**DIRECTIONS FOR THIS TASK**: Although the records include pictures, the copy should not; write out exactly the lines from the first through the line with "LOT 21 ID: 202213".

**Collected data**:
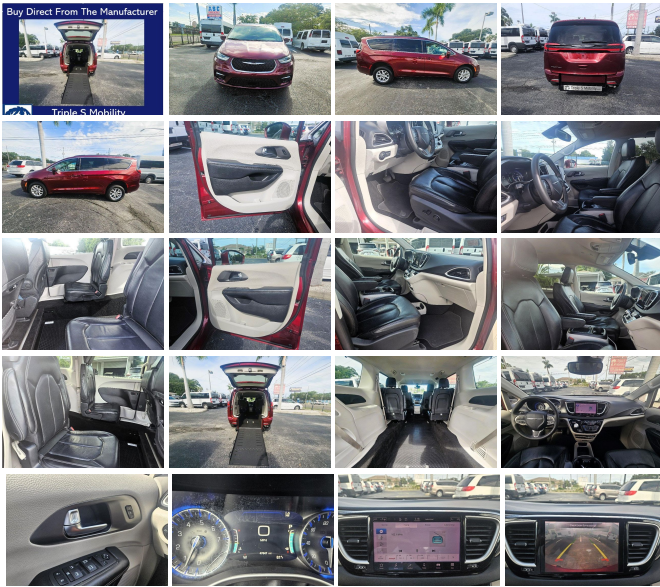

Buy Direct From The Manufacturer

Triple S Mobility
Simple, Safe & Strong Wheelchair Vans

Our Price **\$0**

Specifications:

Year:	2022
VIN:	2C4RC1BG9NR154699
Make:	Chrysler Pacifica Touring L
Stock:	154699
Model/Trim:	Wheelchair Van Handicap Ramp Van
Condition:	Pre-Owned
Body:	Minivan/Van
Exterior:	Red
Engine:	Pentastar 3.6L V6 287hp 262ft. lbs.
Interior:	Black Leather
Transmission:	9-Speed Shifttable Automatic
Mileage:	48,100
Drivetrain:	Front Wheel Drive
Economy:	City 19 / Highway 28

Standard Features Include: 3.6 liter V6 engine, automatic transmission, leather interior, rear backup camera, surround view camera, Uconnect, Bluetooth, push button start, remote start, capless fuel filler, side window sunshades, blind spot sensor, pre-collision warning, cross traffic alert, lane deviation sensors, AM/FM stereo, power heated driver seat with 2-position memory and lumbar, heated front passenger seat, power windows, power door locks, power mirrors, power dual side sliding doors, power rear hatch, tri-zone air-conditioning, heated tilt steering wheel with mounted radio controls, cruise control, rear defroster, rear wiper, power steering, power brakes, ABS brakes, driver and passenger airbags, curtain airbags, ambient lighting, traction control, tire pressure monitoring, fog lamps, keyless entry, luggage rack, Homelink, privacy glass. Powertrain warranty expires 5/2027 or 60,000 miles whichever comes first.
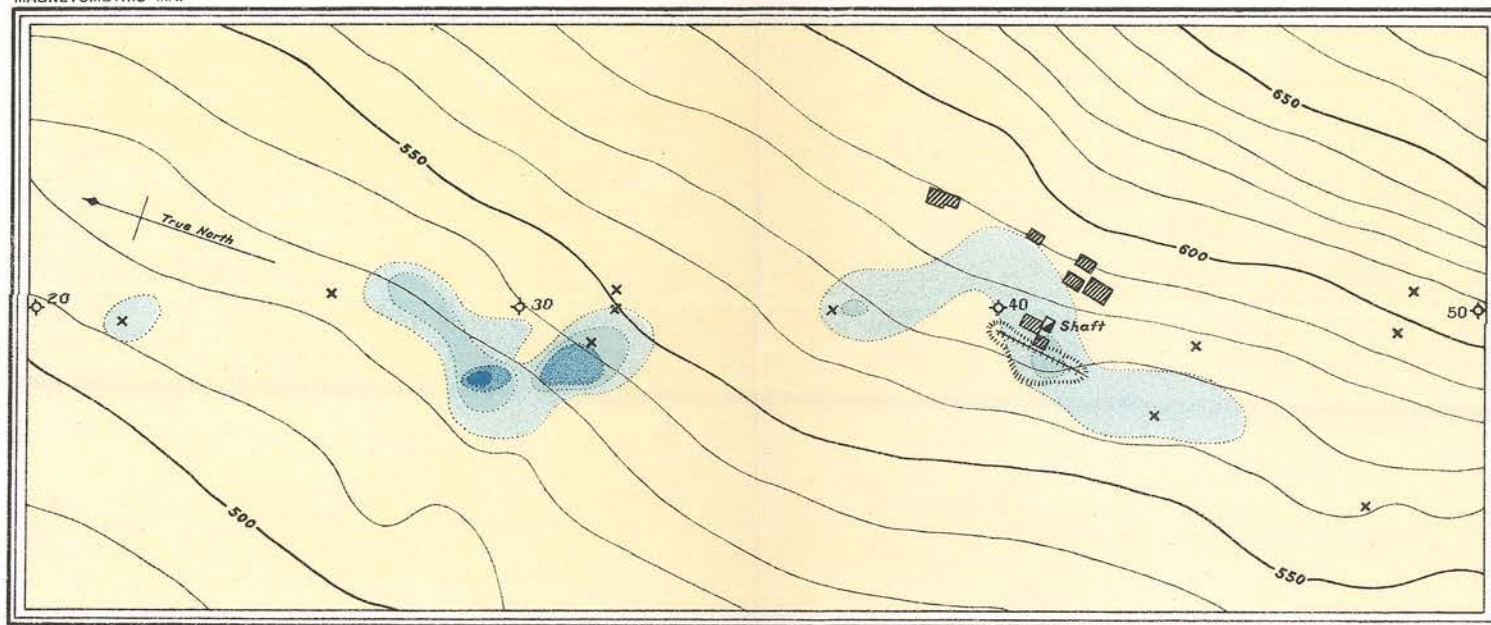

Canada
DEPARTMENT OF MINES
HON. LOUIS CODERRE, MINISTER, R.W. BROCK, DEPUTY MINISTER.
MINES BRANCH
EUGENE HAANEL, Ph.D., DIRECTOR

MAGNETOMETRIC MAP

LEGEND

Iron Ore Deposits at Upper Glencoe, Inverness county, Nova Scotia
Scale, 200 feet to 1 inch

Surveyed by E. Lindeman, 1913

LEGEND

312

This document was produced
by scanning the original publication.

Ce document est le produit d'une
numérisation par balayage
de la publication originale.
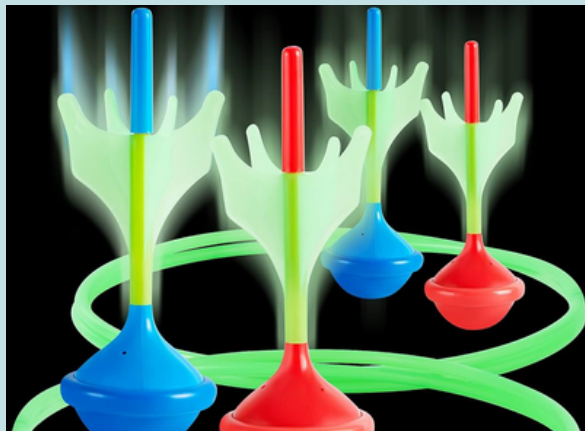

Lawn Darts
LOT 21 ID: 202213

This dart game set will allow players to play day and night with its light-up feature. start the fun by putting the target rings on your desired distance. Once all are set, start throwing the glow in the dark darts into its target rings.
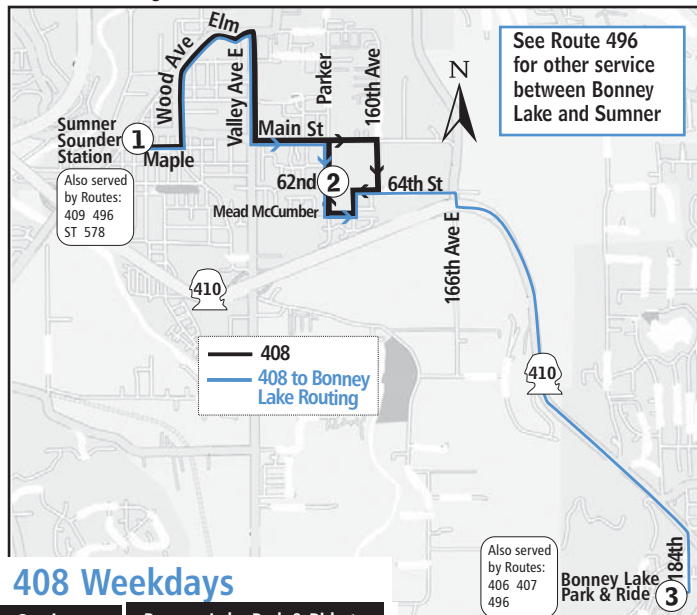

Route **408** Sumner-Bonney Lake

408 Weekdays

Sumner Sounder Station to Bonney Lake Park & Ride			Bonney Lake Park & Ride to Sumner Sounder Station		
Sumner Sounder Station	Parker & 62nd Court East	Bonney Lake Park & Ride	Bonney Lake Park & Ride	Parker & 62nd Court East	Sumner Sounder Station
①	②	③	③	②	①
6:13am	6:23	-----	-----	6:27am	6:37
6:40	6:50	-----	-----	6:52	7:02
7:13	7:23	-----	-----	7:25	7:36
7:43	7:53	-----	-----	7:56	8:07
8:20	8:30	-----	-----	8:30	8:41
8:43	8:53	9:01	9:15	9:24	9:35
9:44	9:54	10:02	10:15	10:24	10:35
10:48	10:58	11:08	11:15	11:25	11:35
11:47	11:57	12:07pm	12:15pm	12:25	12:35
12:49	12:58	1:08	1:15	1:25	1:35
1:49	1:58	2:08	2:15	2:23	2:33
2:48	2:57	3:07	3:15	3:23	3:33
3:47	3:56	-----	-----	3:59	4:09
5:00	5:09	-----	-----	5:12	5:22
5:26	5:35	-----	-----	5:51	6:01
5:57	6:06	-----	-----	6:16	6:29
6:35	6:46	-----	-----	6:53	7:06
7:00	7:11	7:19	7:25	7:34	7:46

On weekdays the route travels to and from Bonney Lake on select trips.
On weekends the route travels to and from Bonney Lake on all trips.

Sounder Train to Seattle

Leaves Sumner	Arrives in Seattle
5:12am	5:54
5:52	6:34
6:17	6:59
6:42	7:24
7:07	7:49
7:37	8:19
8:17	8:59
4:42pm	5:23
5:17	5:58

Sounder Train to Sumner

Leaves Seattle	Arrives in Sumner
6:10am	6:45
6:50	7:25
3:15pm	3:50
3:50	4:25
4:20	4:56
4:45	5:21
5:12	5:48
5:40	6:16
6:15	6:50

Route **408** Sumner-Bonney Lake

408 Saturdays & Sundays

Sat- These trips only run on Saturdays
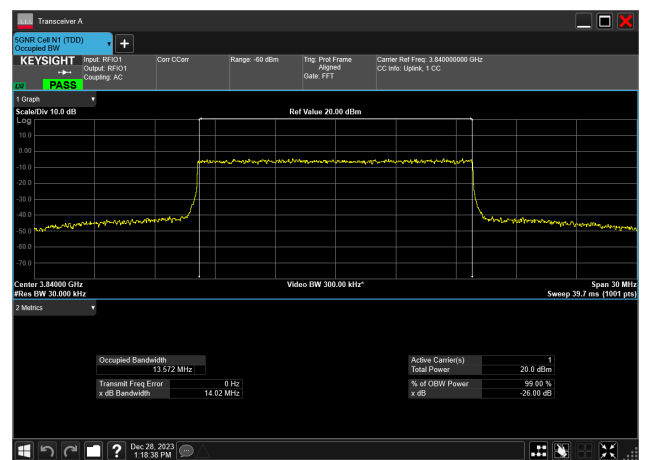

15MHz_30kHz_3840MHz_DFT-s-OFDM 16 QAM_RB36@
13.448 MHz

15MHz_30kHz_3840MHz_CP-OFDM 64 QAM_RB38@0
13.572 MHz
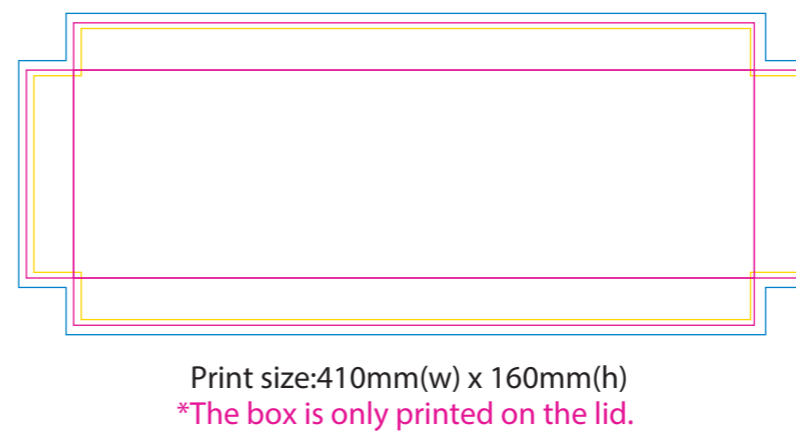

Product: PCH213  
 Product Size: Socks: 200mm x 120mm  
 Card A: 72x170mm; Box: 360mm(l) x 60mm x 110mm; Envelope: 220mm x 110mm; Kraft Paper Cylinder: 65mm(dia) x 130mm  
 Decoration Options: Socks: Jacquard craft, Embroidery, Silicone Print, Card, Box, Envelope: CMYK, Kraft Paper Cylinder: Digital label, CMYK

- Safe print area
- Bleed area
- Knife line
- Stitching

Left

Right

Print Size: 75mm(W) x 180mm(H)  
Shown at 100% actual size

## Envelope

Print size: 234mm(w) x 110mm(h)  
Shown at 50% actual size

Print size: 220mm(w) x 152mm(h)  
Shown at 50% actual size

- Knife line
- Safe print area
- Bleed line

## Kraft Paper Cylinder

Digital label

Shown at 50% actual size  
A: Print size: 75mm(w) x 100mm(h)  
B: Print size: 40mm(w) x 30mm(h)

CMYK

Shown at 50% actual size  
Print size: 214mm(w) x 150mm(h)

Shown at 50% actual size  
Print size: 63.5mm(w) x 63.5mm(h)
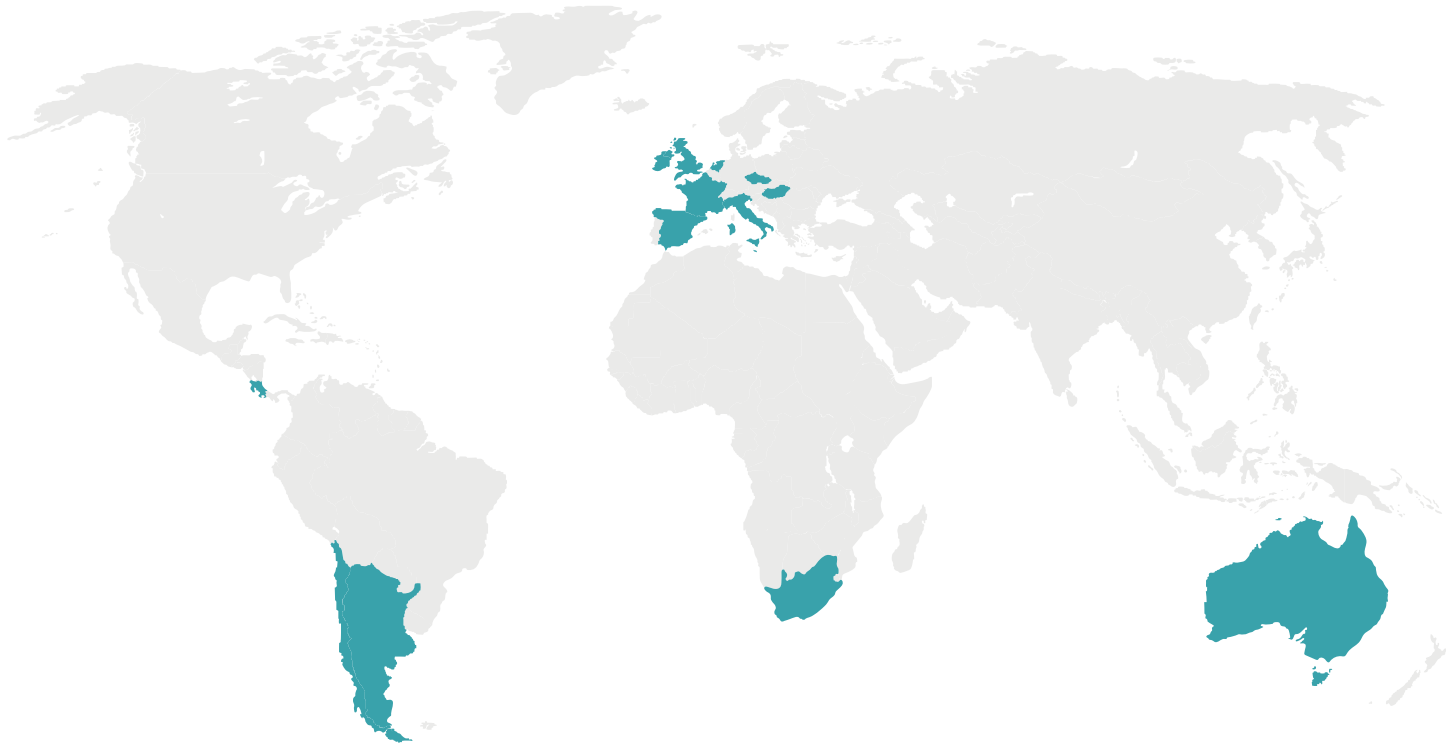

cea
capa

EDUCATION
ABROAD

Bienvenue à Paris

Orientation Générale | Summer 2026

Who We Are & Our Locations

Headquartered in Phoenix, Arizona

CEA CAPA sends students to 22 locations across 13 countries

AUSTRALIA

AUSTRALIA
Sydney*

EUROPE

CZECH REPUBLIC
Prague*

ITALY

Florence*
Rome*

LATIN AMERICA

ARGENTINA
Buenos Aires*

ENGLAND
London*

NETHERLANDS
Amsterdam

FRANCE
Aix-en-Provence
French Riviera

SPAIN
Alicante

COSTA RICA
San José

Grenoble*
Paris*

Barcelona*
Granada
Madrid*
Seville*

CHILE
Valparaíso

HUNGARY
Budapest
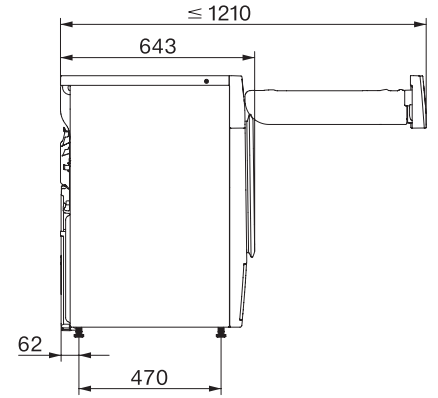

TWD260WP 8kg

T1 Varmepumpetørketrommel:

Med A++ og Miele@home for smart tøypleie.

T1 installation drawing, facia 5 degree, measures in mm

T1 drawing, facia 5 degree, measures in mm

T1 drawing, facia 5 degree, with porthole, measures in mm

T1 drawing, facia 5 degree, measures in mm
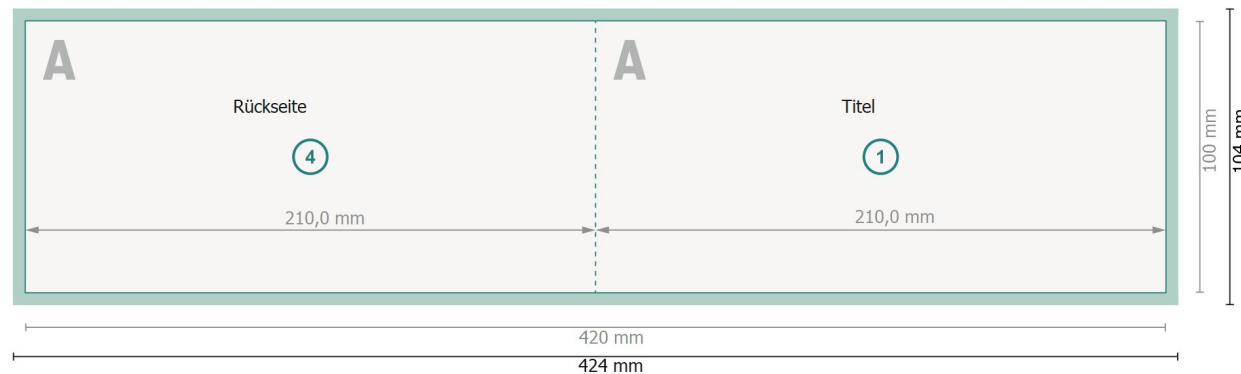

Datasheet

Folded Leaflets Landscape, DL 10,0 cm

4 pages, 1 fold

Dataformat (incl. 2 mm bleed):
42,4 x 10,4 cm

bleed:
2 mm

Trimmed size:
42 x 10 cm

Trimmed size (closed):
21 x 10 cm

Safety margin:
4 mm
Maintaining space between the text/information and the edge of the trimmed format prevents undesirable cuts.

Explanation of symbols

-  Bleed
-  Reading direction
-  Trimmed size
-  Data format
-  We will cut/perforate your product here
-  Creasing/Folding

Außenseite

Innenseite

Please note:

Allow for trim allowance and safety margin according to instructions.

Arrange background graphics, images or graphics up to the edge of the data format.

Tolerances may occur during production due to cutting, punching and folding processes.

Printing data: Instructions and templates can be found under the menu item *Printing data* at

**RESULT**:
Buy Direct From The Manufacturer

Triple S Mobility
Simple, Safe & Strong Wheelchair Vans

Our Price **\$0**

Specifications:

Year:	2022
VIN:	2C4RC1BG9NR154699
Make:	Chrysler Pacifica Touring L
Stock:	154699
Model/Trim:	Wheelchair Van Handicap Ramp Van
Condition:	Pre-Owned
Body:	Minivan/Van
Exterior:	Red
Engine:	Pentastar 3.6L V6 287hp 262ft. lbs.
Interior:	Black Leather
Transmission:	9-Speed Shifttable Automatic
Mileage:	48,100
Drivetrain:	Front Wheel Drive
Economy:	City 19 / Highway 28

Standard Features Include: 3.6 liter V6 engine, automatic transmission, leather interior, rear backup camera, surround view camera, Uconnect, Bluetooth, push button start, remote start, capless fuel filler, side window sunshades, blind spot sensor, pre-collision warning, cross traffic alert, lane deviation sensors, AM/FM stereo, power heated driver seat with 2-position memory and lumbar, heated front passenger seat, power windows, power door locks, power mirrors, power dual side sliding doors, power rear hatch, tri-zone air-conditioning, heated tilt steering wheel with mounted radio controls, cruise control, rear defroster, rear wiper, power steering, power brakes, ABS brakes, driver and passenger airbags, curtain airbags, ambient lighting, traction control, tire pressure monitoring, fog lamps, keyless entry, luggage rack, Homelink, privacy glass. Powertrain warranty expires 5/2027 or 60,000 miles whichever comes first.

Canada
DEPARTMENT OF MINES
HON. LOUIS CODERRE, MINISTER, R.W. BROCK, DEPUTY MINISTER.
MINES BRANCH
EUGENE HAANEL, Ph.D., DIRECTOR

MAGNETOMETRIC MAP

LEGEND

Iron Ore Deposits at Upper Glencoe, Inverness county, Nova Scotia
Scale, 200 feet to 1 inch

Surveyed by E. Lindeman, 1913

LEGEND

312

This document was produced
by scanning the original publication.

Ce document est le produit d'une
numérisation par balayage
de la publication originale.

Lawn Darts
LOT 21 ID: 202213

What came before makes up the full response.